You can also use your kegging system to force carbonate your beer, which simply means carbonating by using the CO2 tank and not using priming sugar. Forced carbonation results in less sediment and a quicker clearing beer. It also guarantees that your beer WILL carbonate, which doesn't always work when bottling. Kegging is the only way to precisely control the level of carbonation in your beer.
 
There are drawbacks to kegging your beer. The biggest is cost. You also have to be able to cool your beer. Kegs are generally 25"-27" tall. Most homebrewers have a dedicated fridge to store their kegs.
 
When kegging beer, be sure to run sanitizer and then water through the system. Fill the keg with your newly fermented beer and place the cap on it.
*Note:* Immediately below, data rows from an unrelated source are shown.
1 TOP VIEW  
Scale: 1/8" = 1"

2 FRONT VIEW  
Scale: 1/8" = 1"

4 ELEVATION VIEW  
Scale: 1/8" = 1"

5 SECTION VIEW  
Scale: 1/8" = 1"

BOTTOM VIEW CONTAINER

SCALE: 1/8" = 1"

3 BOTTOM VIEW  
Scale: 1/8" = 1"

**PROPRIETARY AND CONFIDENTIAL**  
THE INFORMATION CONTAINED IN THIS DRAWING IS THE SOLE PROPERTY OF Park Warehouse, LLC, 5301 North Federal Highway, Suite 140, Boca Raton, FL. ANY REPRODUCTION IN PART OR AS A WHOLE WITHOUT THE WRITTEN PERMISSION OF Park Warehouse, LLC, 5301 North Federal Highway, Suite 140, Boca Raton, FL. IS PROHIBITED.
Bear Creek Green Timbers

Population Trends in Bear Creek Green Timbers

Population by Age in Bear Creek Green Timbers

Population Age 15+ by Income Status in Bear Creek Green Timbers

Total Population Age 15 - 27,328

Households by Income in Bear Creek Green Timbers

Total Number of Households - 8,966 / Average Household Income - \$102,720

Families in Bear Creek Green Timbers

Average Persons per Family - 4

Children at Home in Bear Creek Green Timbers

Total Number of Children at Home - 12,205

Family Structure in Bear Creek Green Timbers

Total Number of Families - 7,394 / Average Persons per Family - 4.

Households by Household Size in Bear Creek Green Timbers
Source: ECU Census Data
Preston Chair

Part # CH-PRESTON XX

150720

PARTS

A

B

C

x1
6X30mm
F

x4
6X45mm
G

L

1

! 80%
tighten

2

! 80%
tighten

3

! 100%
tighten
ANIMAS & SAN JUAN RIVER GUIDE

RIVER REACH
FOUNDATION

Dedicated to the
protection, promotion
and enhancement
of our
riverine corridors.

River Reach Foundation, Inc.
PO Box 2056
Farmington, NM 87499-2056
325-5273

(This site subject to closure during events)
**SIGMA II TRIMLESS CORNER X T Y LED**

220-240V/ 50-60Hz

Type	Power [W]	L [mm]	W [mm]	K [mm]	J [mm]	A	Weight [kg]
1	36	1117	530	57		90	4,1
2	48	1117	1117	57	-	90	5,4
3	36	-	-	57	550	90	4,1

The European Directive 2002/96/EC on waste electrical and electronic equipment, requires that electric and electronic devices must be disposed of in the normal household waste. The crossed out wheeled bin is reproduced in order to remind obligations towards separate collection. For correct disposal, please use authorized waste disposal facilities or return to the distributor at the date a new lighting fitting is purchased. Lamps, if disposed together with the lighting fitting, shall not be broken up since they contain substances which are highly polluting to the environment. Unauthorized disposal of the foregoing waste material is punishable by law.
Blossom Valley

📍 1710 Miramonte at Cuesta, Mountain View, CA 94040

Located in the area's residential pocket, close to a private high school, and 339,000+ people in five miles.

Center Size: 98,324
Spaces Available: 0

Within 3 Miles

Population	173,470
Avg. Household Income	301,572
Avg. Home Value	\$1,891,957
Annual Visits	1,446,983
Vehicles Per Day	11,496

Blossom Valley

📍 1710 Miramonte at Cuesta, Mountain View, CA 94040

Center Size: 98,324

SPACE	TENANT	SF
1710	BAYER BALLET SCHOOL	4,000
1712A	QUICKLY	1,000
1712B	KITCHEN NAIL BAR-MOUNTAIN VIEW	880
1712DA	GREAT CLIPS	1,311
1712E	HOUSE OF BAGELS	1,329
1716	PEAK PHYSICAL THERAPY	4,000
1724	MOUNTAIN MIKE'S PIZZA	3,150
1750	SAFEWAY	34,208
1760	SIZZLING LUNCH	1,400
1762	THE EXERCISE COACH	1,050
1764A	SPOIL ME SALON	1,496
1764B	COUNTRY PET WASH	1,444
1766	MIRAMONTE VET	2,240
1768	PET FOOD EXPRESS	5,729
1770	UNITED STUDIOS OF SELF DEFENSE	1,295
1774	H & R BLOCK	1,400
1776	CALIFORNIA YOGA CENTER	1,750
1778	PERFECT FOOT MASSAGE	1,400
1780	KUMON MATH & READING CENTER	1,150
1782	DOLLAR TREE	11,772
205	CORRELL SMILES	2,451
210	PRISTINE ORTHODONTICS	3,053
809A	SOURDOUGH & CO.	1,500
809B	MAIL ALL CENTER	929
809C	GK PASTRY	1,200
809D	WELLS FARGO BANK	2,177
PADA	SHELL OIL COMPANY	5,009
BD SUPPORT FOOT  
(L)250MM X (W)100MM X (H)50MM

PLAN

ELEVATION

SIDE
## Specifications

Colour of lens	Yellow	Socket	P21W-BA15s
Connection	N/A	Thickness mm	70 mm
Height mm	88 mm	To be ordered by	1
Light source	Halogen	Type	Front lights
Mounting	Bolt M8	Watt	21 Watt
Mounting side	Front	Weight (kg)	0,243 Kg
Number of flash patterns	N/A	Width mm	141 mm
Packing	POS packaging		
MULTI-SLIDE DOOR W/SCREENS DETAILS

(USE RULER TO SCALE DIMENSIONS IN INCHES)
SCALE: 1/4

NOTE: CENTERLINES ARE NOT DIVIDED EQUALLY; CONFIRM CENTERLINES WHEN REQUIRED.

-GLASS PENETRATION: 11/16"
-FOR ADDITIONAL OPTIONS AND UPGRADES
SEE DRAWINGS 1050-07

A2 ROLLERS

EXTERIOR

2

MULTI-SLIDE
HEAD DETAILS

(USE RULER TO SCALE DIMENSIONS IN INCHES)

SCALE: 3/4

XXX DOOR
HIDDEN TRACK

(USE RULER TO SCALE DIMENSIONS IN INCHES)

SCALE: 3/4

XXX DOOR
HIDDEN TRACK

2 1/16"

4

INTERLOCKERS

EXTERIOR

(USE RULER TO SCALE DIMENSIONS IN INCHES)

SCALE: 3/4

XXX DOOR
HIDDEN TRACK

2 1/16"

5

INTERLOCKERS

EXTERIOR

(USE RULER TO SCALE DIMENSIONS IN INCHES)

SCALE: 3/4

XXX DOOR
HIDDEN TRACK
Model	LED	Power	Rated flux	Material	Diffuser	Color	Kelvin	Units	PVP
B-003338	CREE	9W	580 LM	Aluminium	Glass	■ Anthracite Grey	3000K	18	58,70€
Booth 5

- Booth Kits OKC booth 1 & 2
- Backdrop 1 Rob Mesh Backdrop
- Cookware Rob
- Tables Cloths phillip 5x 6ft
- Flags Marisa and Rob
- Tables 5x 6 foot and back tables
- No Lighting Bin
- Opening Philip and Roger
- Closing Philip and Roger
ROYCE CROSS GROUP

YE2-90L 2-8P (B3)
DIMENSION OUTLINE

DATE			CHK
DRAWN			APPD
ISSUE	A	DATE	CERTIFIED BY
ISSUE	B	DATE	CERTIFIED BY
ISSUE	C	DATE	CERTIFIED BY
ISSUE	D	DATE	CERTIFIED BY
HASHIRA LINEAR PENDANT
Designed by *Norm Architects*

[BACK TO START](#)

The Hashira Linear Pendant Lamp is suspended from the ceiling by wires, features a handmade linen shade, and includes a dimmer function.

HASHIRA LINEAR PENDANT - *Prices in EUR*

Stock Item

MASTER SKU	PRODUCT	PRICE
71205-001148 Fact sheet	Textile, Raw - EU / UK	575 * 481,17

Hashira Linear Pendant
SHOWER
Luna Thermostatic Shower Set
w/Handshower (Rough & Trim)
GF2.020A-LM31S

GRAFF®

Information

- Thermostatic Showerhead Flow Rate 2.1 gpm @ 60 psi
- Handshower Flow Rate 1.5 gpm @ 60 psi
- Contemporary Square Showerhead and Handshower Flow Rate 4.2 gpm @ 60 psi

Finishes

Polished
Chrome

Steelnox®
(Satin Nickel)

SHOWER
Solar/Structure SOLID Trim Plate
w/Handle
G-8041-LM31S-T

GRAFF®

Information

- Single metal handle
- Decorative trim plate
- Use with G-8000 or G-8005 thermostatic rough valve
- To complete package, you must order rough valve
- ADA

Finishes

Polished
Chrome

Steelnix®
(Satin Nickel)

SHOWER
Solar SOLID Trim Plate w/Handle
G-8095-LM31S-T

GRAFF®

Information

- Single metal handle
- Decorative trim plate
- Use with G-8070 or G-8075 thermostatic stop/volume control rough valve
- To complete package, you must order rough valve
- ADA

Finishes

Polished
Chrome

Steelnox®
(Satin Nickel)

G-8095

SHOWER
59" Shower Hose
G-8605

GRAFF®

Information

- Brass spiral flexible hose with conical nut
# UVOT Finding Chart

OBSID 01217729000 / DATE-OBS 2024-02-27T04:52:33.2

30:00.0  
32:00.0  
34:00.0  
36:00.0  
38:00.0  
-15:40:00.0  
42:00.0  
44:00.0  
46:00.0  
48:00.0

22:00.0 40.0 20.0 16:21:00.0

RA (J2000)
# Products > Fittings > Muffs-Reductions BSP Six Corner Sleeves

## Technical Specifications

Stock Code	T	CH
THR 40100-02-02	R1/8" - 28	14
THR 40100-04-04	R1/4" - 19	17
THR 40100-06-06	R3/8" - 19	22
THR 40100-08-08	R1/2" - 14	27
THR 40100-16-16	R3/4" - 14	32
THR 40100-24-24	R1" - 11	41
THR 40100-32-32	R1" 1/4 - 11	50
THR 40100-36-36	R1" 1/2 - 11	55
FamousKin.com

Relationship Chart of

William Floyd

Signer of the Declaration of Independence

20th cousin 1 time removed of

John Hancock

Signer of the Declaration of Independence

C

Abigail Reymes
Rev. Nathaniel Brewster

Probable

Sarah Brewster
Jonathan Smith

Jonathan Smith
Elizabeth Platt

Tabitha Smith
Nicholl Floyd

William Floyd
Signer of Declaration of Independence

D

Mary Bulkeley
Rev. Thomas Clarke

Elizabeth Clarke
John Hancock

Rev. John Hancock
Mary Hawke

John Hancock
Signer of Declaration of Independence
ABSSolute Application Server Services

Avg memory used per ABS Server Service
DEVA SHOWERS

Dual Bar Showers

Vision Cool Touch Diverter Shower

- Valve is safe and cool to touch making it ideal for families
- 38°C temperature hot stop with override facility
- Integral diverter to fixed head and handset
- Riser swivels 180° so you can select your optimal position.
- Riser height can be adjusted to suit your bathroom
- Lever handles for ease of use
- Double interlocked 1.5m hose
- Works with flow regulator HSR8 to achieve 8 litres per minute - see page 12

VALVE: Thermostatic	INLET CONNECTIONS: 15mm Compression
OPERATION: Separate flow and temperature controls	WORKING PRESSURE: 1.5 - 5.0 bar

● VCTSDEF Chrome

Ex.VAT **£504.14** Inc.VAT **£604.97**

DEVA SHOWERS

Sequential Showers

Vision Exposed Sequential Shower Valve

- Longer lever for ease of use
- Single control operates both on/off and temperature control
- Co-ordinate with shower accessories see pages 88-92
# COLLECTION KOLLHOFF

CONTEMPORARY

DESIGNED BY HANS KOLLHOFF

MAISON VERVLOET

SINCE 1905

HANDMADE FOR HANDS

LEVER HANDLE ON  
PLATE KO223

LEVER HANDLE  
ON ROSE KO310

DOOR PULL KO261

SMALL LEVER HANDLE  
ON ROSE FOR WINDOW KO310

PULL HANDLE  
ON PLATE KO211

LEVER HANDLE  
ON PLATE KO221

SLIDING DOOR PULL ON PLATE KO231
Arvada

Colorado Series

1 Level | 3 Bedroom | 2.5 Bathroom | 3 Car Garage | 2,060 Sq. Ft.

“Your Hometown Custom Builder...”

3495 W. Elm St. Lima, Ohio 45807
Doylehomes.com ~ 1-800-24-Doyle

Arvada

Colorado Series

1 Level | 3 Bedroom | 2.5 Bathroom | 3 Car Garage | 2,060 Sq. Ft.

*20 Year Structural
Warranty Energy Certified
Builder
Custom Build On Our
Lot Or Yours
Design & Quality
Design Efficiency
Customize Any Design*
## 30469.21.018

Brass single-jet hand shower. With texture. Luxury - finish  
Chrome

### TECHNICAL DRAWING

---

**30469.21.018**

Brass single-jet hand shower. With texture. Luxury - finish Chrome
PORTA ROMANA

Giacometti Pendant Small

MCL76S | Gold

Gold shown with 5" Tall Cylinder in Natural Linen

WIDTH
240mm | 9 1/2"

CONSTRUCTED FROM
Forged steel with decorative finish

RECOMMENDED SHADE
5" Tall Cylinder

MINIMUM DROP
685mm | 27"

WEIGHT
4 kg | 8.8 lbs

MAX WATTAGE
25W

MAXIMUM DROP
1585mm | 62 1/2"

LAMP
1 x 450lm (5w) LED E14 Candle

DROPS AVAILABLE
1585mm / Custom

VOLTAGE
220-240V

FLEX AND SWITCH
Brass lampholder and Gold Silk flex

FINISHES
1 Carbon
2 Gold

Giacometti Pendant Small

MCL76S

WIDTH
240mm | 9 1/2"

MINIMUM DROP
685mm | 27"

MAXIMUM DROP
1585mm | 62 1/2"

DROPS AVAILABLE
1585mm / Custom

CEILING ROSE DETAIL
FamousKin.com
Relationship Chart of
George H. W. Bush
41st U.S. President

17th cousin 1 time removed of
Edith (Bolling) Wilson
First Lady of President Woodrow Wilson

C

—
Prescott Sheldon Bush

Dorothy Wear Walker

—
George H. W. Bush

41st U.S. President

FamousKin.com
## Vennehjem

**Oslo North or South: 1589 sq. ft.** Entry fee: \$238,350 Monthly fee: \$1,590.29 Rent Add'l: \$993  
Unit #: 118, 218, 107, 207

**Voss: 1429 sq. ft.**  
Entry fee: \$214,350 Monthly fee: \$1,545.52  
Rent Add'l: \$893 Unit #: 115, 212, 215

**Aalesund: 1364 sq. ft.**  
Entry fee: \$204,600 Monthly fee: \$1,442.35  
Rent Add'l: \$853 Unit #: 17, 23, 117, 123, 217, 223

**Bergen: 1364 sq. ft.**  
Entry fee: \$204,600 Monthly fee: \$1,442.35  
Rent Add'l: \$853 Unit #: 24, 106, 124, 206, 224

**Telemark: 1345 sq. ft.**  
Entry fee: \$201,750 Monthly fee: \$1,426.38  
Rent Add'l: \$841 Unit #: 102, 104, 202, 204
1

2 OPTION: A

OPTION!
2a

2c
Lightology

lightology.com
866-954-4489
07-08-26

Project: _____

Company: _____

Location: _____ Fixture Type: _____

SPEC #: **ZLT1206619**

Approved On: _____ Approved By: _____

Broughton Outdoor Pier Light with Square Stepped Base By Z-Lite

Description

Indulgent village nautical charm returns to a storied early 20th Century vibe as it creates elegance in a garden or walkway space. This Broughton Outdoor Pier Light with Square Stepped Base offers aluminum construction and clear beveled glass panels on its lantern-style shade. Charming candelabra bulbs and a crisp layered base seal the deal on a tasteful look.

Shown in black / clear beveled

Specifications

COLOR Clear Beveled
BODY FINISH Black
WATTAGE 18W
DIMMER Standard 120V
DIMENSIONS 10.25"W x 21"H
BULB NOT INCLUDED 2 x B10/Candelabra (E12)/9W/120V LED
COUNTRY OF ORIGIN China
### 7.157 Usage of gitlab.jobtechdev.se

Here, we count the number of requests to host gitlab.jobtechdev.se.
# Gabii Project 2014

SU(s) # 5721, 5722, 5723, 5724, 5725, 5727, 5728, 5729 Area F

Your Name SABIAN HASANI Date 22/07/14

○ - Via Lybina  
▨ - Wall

Attach the CO2and turn it on. Be sure to purge the oxygen by pulling a few times on the relief valve.
 
The easiest way to carbonate a keg is to leave the CO2 pressure on the beer. The chart below shows the equilibrium pressure for different temperatures and volumes of gas in beers. Find the serving temperature on the right and the volumes of CO2 you desire at the top; where they meet in the table shows the equilibrium pressure (in PSI). 2.1 to 2.3 are typical volumes of CO2 for most beer styles. Please note that it will take 1-2 weeks for the CO2 to reach the proper carbonation level.
 

Volumes of CO2

Temp. (F) 1.5 1.7 1.9 2.1 2.3 2.5 2.7
40 1.9 3.9 5.8 8.0 10.0 12.3 14.5
45 3.4 5.6 7.9 10.2 12.5 14.9 17.2
50 5.0 7.4 10.0 12.5 15.0 17.6 20.0
55 6.6 9.1 12.1 14.9 17.6 20.3 23.0
 
The goal when dispensing your beer is to have enough foam to to give it a nice head but not too much foam. Generally, we recommend 6 feet of 3/16" beer hose to ensure a perfect pour!